* **DATA SUPPLIED**:

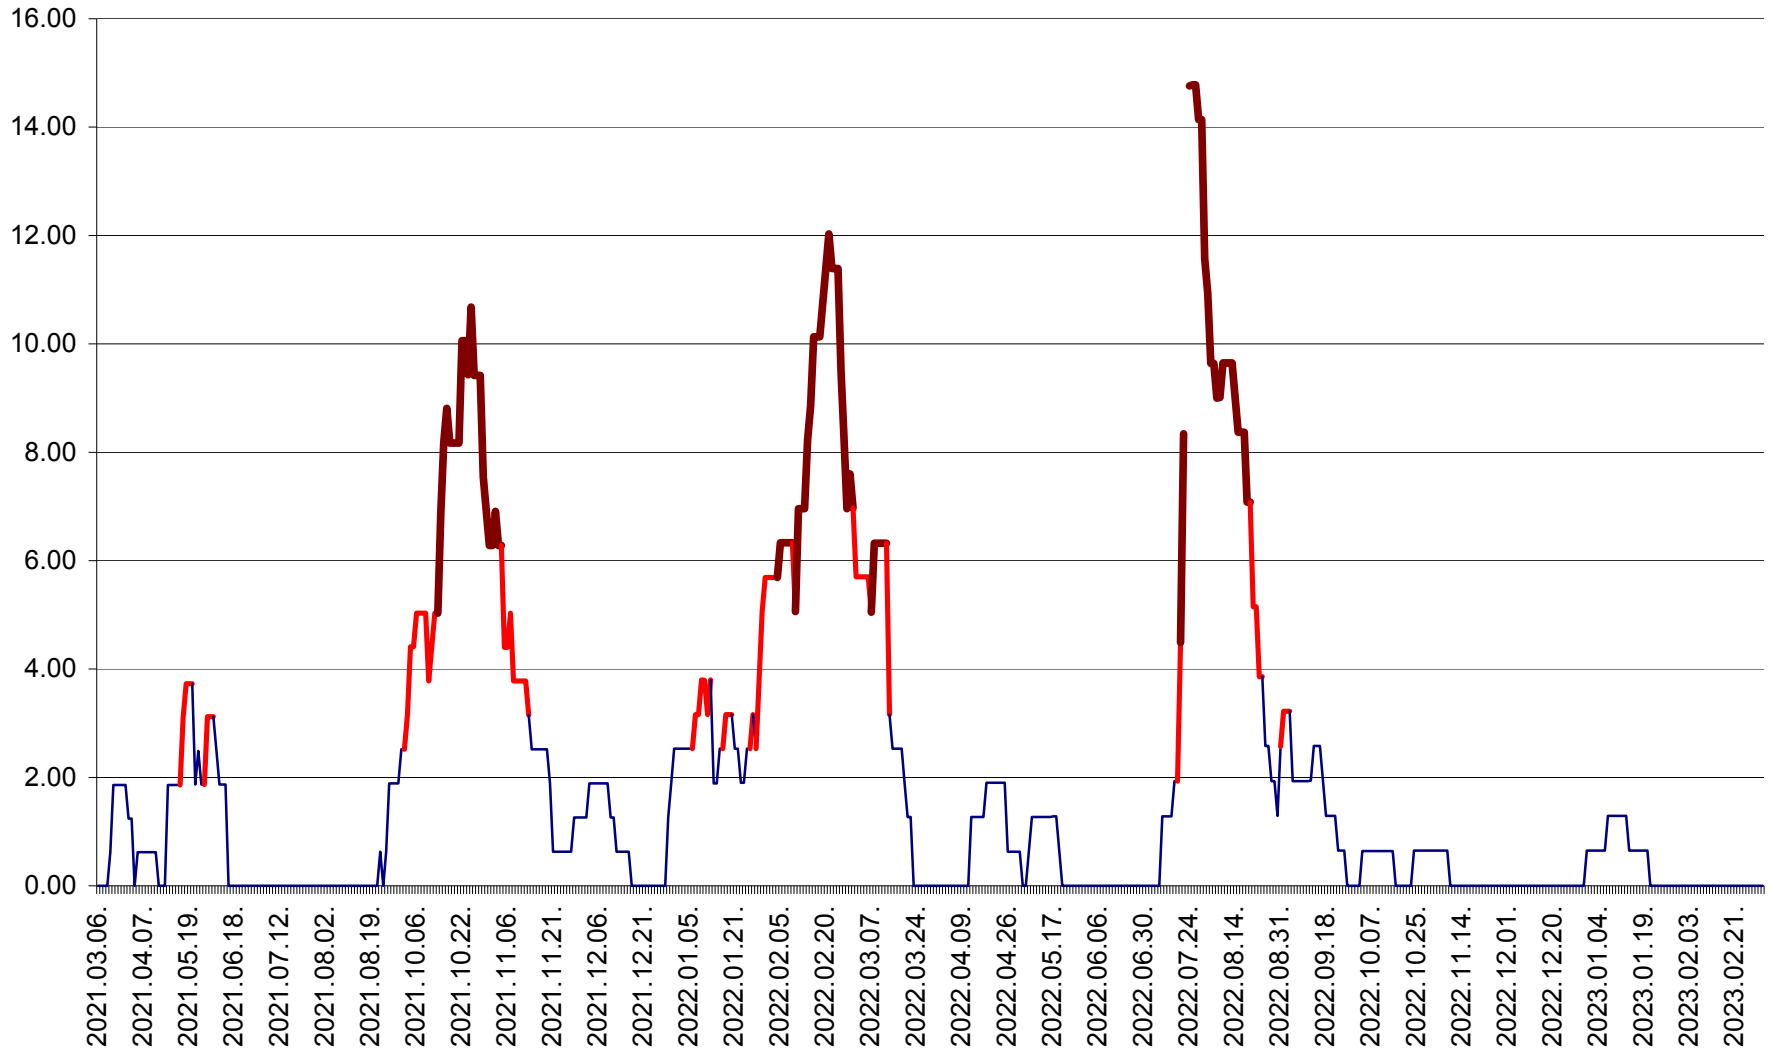

ATID - Evolutia incidentei cumulate pe 14 zile la ‰ de locuitori
2021.03.07. - 2023.03.08.

AVRĂMEȘTI - Evolutia incidentei cumulate pe 14 zile la ‰ de locuitori
2021.03.07. - 2023.03.08.

ORAȘ BĂILE TUȘNAD - Evolutia incidentei cumulate pe 14 zile la ‰ de locuitori
2021.03.07. - 2023.03.08.

ORAȘ BĂLAN - Evoluția incidenței cumulate pe 14 zile la ‰ de locuitori
2021.03.07. - 2023.03.08.

BILBOR - Evolutia incidentei cumulate pe 14 zile la ‰ de locuitori
2021.03.07. - 2023.03.08.

ORAȘ BORSEC - Evolutia incidentei cumulate pe 14 zile la ‰ de locuitori
2021.03.07. - 2023.03.08.

BRĂDEȘTI - Evoluția incidentei cumulate pe 14 zile la ‰ de locuitori
2021.03.07. - 2023.03.08.

CĂPÂLNIȚA - Evoluția incidenței cumulate pe 14 zile la ‰ de locuitori
2021.03.07. - 2023.03.08.

CÂRȚA - Evolutia incidentei cumulate pe 14 zile la ‰ de locuitori
2021.03.07. - 2023.03.08.

* **ABOUT THIS EXERCISE**: Your task is to find each line in the entries that contains the string "Evolutia" and copy it.

* **FINISHED TASK**:
ATID - Evolutia incidentei cumulate pe 14 zile la ‰ de locuitori
AVRĂMEȘTI - Evolutia incidentei cumulate pe 14 zile la ‰ de locuitori
ORAȘ BĂILE TUȘNAD - Evolutia incidentei cumulate pe 14 zile la ‰ de locuitori
BILBOR - Evolutia incidentei cumulate pe 14 zile la ‰ de locuitori
ORAȘ BORSEC - Evolutia incidentei cumulate pe 14 zile la ‰ de locuitori
CÂRȚA - Evolutia incidentei cumulate pe 14 zile la ‰ de locuitori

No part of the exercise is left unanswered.